Kegiatan tersebut menghadirkan sebanyak 27 Instansi dan OPD terkait yang tergabung dalam Mal Pelayanan Publik Kabupaten Badung.

Wabup Suiasa menjelaskan tujuan dibentuknya MPP untuk memberikan kemudahan, kecepatan, keterjangkauan, keamanan masyarakat dalam mendapatkan pelayanan. Pihaknya memberikan apresiasi kepada semua instansi yang tergabung pada Mall Pelayanan Publik Kapubaten Badung yang secara tidak langsung ikut mewujudkan visi dan misi Pemerintah Kabupaten Badung.

Wabup juga berharap pada masing-masing instansi agar terus meningkatkan kinerja dan kualitas pelayanannya sehingga proses pelayanan yang terkesan lama dan berbelit-belit bisa dihilangkan. Menurut Wabup Suiasa selain didukung oleh pegawai yang berkompeten, MPP harus menggunakan teknologi yang saling terintegrasi satu dengan yang lain.

“Harapan masyarakat terhadap pelayanan publik adalah kecepatan. Untuk itu, konektivitas dan kecepatan menjadi hal terpenting dari pelayanan publik,” jelasnya.

Sementara itu Kepala DPMPTSP Kabupaten Badung I Made Agus Aryawan melaporkan bahwa Pemerintah pusat meminta pemerintah daerah untuk mendorong peningkatan pelayanan publik. Hal ini dapat dilakukan melalui pembangunan MPP. Sebab, masyarakat ingin ada percepatan dalam sektor pelayanan publik. Oleh karenanya, konsep MPP yang mengintegrasikan segala jenis pelayanan dalam satu gedung dinilai tepat.

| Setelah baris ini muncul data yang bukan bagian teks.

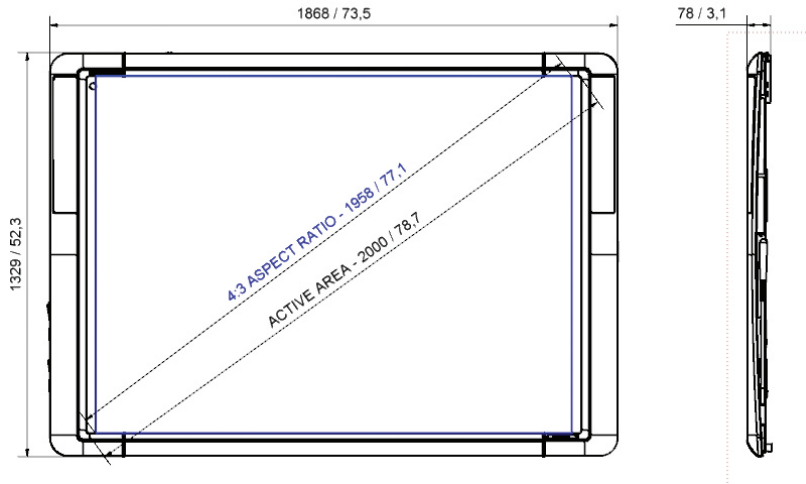

#### ActivWand 50

Wireless, battery-free and extended reach input device for the ActivBoard – 540mm (21.2in) in length; "left click", cursor and hover, just like a mouse

---

### TECHNICAL DRAWING

ActivBoard 378 Pro

ActivBoard 387 Pro

ActivBoard 395 Pro

ActivBoard Systems/Boards SS 11/11 V2.0 US

©2011 Promethean Limited. All rights reserved. Promethean Ltd. is owner of a number of trademarks in several jurisdictions across the world. Any third-party product and company names are mentioned for identification purposes only and may be trademarks of their respective owners. <sup>1</sup>Applicable Terms and Conditions for warranty and support available at [www.PrometheanWorld.com/ActivCare](http://www.PrometheanWorld.com/ActivCare). All dimensions +/- 5mm (0.2in). All weights +/- 0.9kg (2lb). Product Specifications are subject to change without notice. [www.PrometheanWorld.com](http://www.PrometheanWorld.com)

### ACTIVBOARD SPECIFICATIONS BY MODEL

Model	ActivBoard 378 Pro	ActivBoard 387 Pro	ActivBoard 395 Pro
ActivBoard Size	78in	87in	95in
Resolution	12800 x 9200	14600 x 9200	17200 x 9200
Screen Formats	4:3	16:10	16:9
Overall Dimensions	1868mm x 1329mm (73.5in x 52.3in)	2105mm x 1329mm (82.9in x 52.3in)	2412mm x 1329mm (95in x 52in)
Active Area Dimensions	1628mm x 1175mm (64in x 46in)	1865mm x 1175mm (73in x 46in)	2172mm x 1175mm (86in x 46in)
Active Area Diagonal	2000mm (78.7in)	2196mm (86.5in)	2462mm (96.9in)
Actual Image Diagonal	1958mm (77.1in)	2193mm (86.4in)	2397mm (94.4in)
Board Weight	28kg (61.7lb)	31kg (68.3lb)	35kg (77.1lb)
Packed Weight	43kg (94.7lb)	47kg (103.6lb)	52kg (114.6lb)
Packed Dimensions	2025mm x 1500mm x 110mm (79.9in x 59in x 4.3in)	2270mm x 1500mm x 110mm (89.4in x 59in x 4.3in)	2570mm x 1500mm x 110mm (101.1in x 59in x 4.3in)

Dengan MPP, diharapkan pelayanan menjadi lebih cepat, transparan, efektif dan efisien. Termasuk terkait dengan kecepatan pelayanan perijinan investasi. Saat ini, semua pemerintah daerah sedang berlomba untuk memberikan layanan publik terbaik bagi masyarakat. Melalui penyediaan pelayanan publik, dapat menunjukkan bahwa pemerintah hadir untuk menjawab kebutuhan masyarakat.

“Pada rapat tahunan ini kita memberikan apresiasi yang setinggi-tingginya atas integritas dan totalitas jajaran instansi yang bergabung dengan MPP Kabupaten Badung sehingga kita mampu meraih award kategori pelayanan prima dan zona integritas pada tahun 2019 dari pemerintah pusat. Sekaligus jadikan ini bahan evaluasi diri untuk memetakan kekurangan kekurangan pelayanan yang dimiliki oleh masing-masing instansi yang bergabung. Agar kita bisa melakukan evaluasi internal demi peningkatan kualitas pelayanan yang kita berikan ke masyarakat. Kami selaku leading sektor Mal Pelayanan Publik selalu siap mensupport peningkatan kualitas pelayanan dengan menyiapkan SDM berkualitas, sarana yang memadai, serta sistem informasi teknologi yang terintegrasi dengan instansi terkait.” imbuhnya.